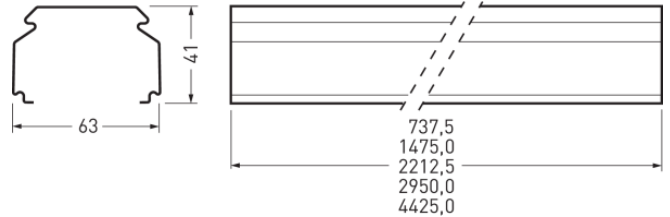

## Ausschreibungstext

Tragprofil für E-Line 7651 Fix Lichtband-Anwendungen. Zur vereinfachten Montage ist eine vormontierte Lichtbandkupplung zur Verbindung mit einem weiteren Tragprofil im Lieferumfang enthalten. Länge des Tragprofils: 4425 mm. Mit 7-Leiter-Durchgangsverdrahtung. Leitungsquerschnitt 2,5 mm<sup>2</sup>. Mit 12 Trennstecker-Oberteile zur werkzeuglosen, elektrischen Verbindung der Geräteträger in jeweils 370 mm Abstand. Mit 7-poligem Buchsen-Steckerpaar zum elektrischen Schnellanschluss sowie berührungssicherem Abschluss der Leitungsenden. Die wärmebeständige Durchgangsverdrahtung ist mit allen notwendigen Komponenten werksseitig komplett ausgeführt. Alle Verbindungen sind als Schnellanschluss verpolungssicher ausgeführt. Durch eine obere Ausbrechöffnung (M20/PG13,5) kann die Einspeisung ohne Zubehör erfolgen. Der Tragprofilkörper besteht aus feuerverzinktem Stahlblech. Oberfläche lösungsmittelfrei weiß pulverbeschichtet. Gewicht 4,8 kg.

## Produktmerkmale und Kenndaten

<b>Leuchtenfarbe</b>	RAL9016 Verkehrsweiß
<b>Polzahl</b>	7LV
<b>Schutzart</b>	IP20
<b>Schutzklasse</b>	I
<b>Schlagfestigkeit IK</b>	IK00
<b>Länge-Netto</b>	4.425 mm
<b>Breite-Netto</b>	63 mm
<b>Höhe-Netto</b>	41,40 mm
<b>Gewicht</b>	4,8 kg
::::::
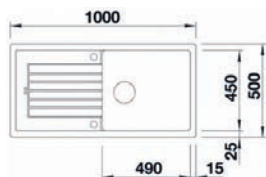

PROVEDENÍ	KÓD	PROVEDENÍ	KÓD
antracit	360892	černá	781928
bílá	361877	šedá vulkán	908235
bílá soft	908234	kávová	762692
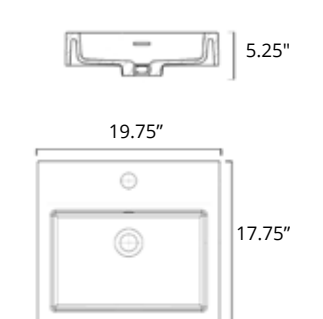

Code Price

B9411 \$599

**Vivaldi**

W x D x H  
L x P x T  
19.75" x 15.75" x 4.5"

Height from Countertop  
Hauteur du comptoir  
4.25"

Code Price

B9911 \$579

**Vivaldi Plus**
::::::
* **Work required**
Only the number of lines above that contain "bílá" should be given as the answer.

* **Solved problem**
2